Gate 1: After loading data (columns present, dtypes, no unexpected nulls).
Gate 2: After key transformations (derived columns valid, ranges okay).
Gate 3: Before exporting or visualizing (aggregates sensible, uniqueness preserved).

Each gate asks: “Do we still trust the data?” If not, stop and fix.

Worked examples

Example 1: Range and missing checks

import pandas as pd

df = pd.DataFrame({
    "user_id": [1, 2, 3],
    "age": [25, 41, 0],
    "income": [52000, 68000, 30000]
})

# No missing ages
assert df["age"].notna().all(), "Missing ages found"
# Ages between 0 and 120 inclusive
assert df["age"].between(0, 120).all(), "Age out of expected range (0–120)"

Why: Prevents silent nulls and out-of-bound values from skewing means/segments.

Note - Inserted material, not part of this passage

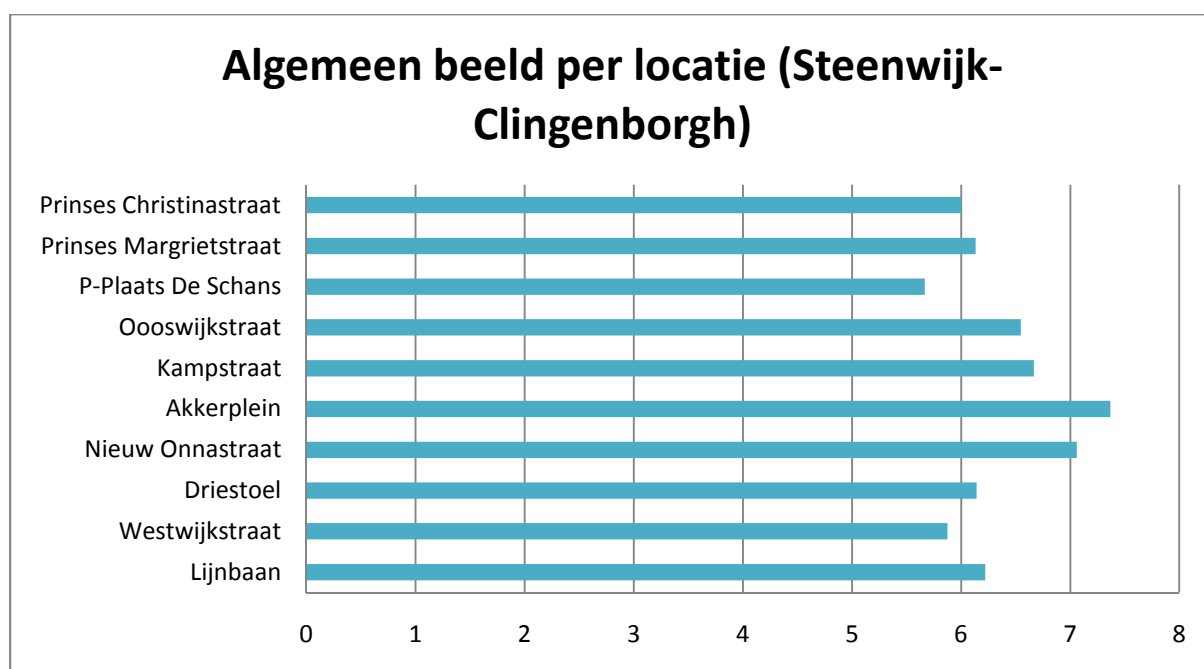

Steenwijk-Clingenborgh

Example 2: Unique key and duplicates

df = pd.DataFrame({
    "order_id": [1001, 1002, 1002],
    "amount": [19.9, 25.0, 25.0]
})

assert df["order_id"].is_unique, "order_id must be unique"

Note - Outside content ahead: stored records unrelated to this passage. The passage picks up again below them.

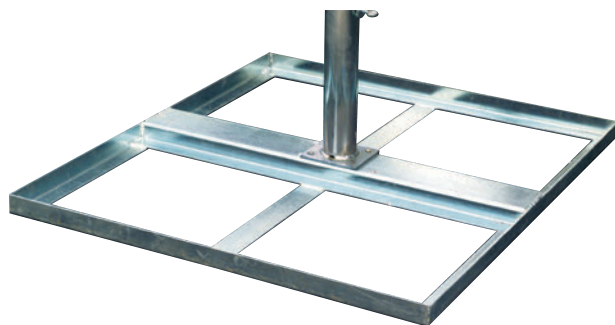

	COD				KG
-	BT45	42 mm	45 mm	36-40 mm	1
-	BT55	52 mm	55 mm	47-50 mm	1
-	BT65	62 mm	65 mm	55-60 mm	1

BTT45 - BTT55 - BTT65 NEW

- Tubo acciaio per fissaggio a terra. Eventualmente da abbinare all'articolo BTC.
- Steel tube for ground fixing. Possibility to combine it with Art BTC.
- Stahlhulse fuer Bodenbefestigung. Eventuell mit Art BTC kombinierbar.
- Tube en acier pour fixation au sol. Eventuellement à joindre avec BTC.
- Tubo de acero para sujeción al suelo. Posiblemente para que coincida con el artículo BTC.
- Metalen koker voor betonanker. Te gebruiken in combinatie met artikel BTC.

	COD				KG
-	BTT55	52 mm	55 mm	47-50 mm	1
-	BTT65	62 mm	65 mm	55-60 mm	1

BTC NEW

- Supporto da interrare. Da abbinare a BTT55 e BTT65
- support for ground fixing. To combine with BTT55 and BTT65
- Staender zum einbetonieren. Kombinierbar mit BTT55 und BTT65.
- Pied pour fixation au sol. A joindre avec BTT55 et BTT65.
- Pie para fijar al suelo. Combinar con BTT55 y BTT65.
- Betonanker, te gebruiken in combinatie met BTT55 en BTT65.

	COD	KG
80x120 mm	BTC	1,5

Bases STANDARD / TELESCOPIC

BF6565D - BF6666D

- Base in acciaio colore antracite. Tubo incl.
- Steel base colour antracite grey. Tube incl.
- Stahlstaender grau pulverbeschichtet. Huelse inbegriffen.
- Pied en acier vernis coul. gris. Tube incl.
- Pie de acero de color antracita. Tubo incluido.
- Parasolvoet grijs geëpoxeerde metaalplaat. Wordt geleverd met koker.

BF6565Z - BF6666Z

- Base in acciaio zincato. Tubo incl.
- Zinced steel base. Tube incl.
- Verzinkter Stahlständer. Huelse inbegriffen.
- Pied en acier zinqué. Tube incl.
- Base de acero. Tubo incluido.
- Parasolvoet gegalvaniseerde metaal. Wordt geleverd met koker.

Why: Merges or aggregations assume unique keys. A duplicate can double-count revenue.

Example 3: Category membership

allowed = {"bronze", "silver", "gold"}
df = pd.DataFrame({"tier": ["silver", "gold", "bronze"]})

assert df["tier"].isin(allowed).all(), "Unexpected tier value found"

Why: Prevents typos or new, unhandled categories from slipping in.

Example 4: Totals approximately sum to 1

import numpy as np

parts = pd.Series([0.5, 0.3, 0.2])
assert np.isclose(parts.sum(), 1.0, atol=1e-6), "Parts must sum to ~1.0"

Why: Floating-point arithmetic is imprecise; use a tolerance.

Step-by-step: add assertions to your pandas pipeline

Define assumptions: Write down what must be true (columns, types, ranges, uniqueness).
Place gates: After load, after key transforms, before output.
Write precise asserts with messages: The message should tell you what broke and where.
Use tolerances: For floats, use np.isclose with atol or rtol.
Bundle checks: Create small helper functions (e.g., validate_customers(df)).
Fail fast in dev, log in prod: In production, you might wrap asserts to log errors and stop downstream steps.

Exercises (hands-on)

Mirror of graded exercises below. Run these in a local notebook or script.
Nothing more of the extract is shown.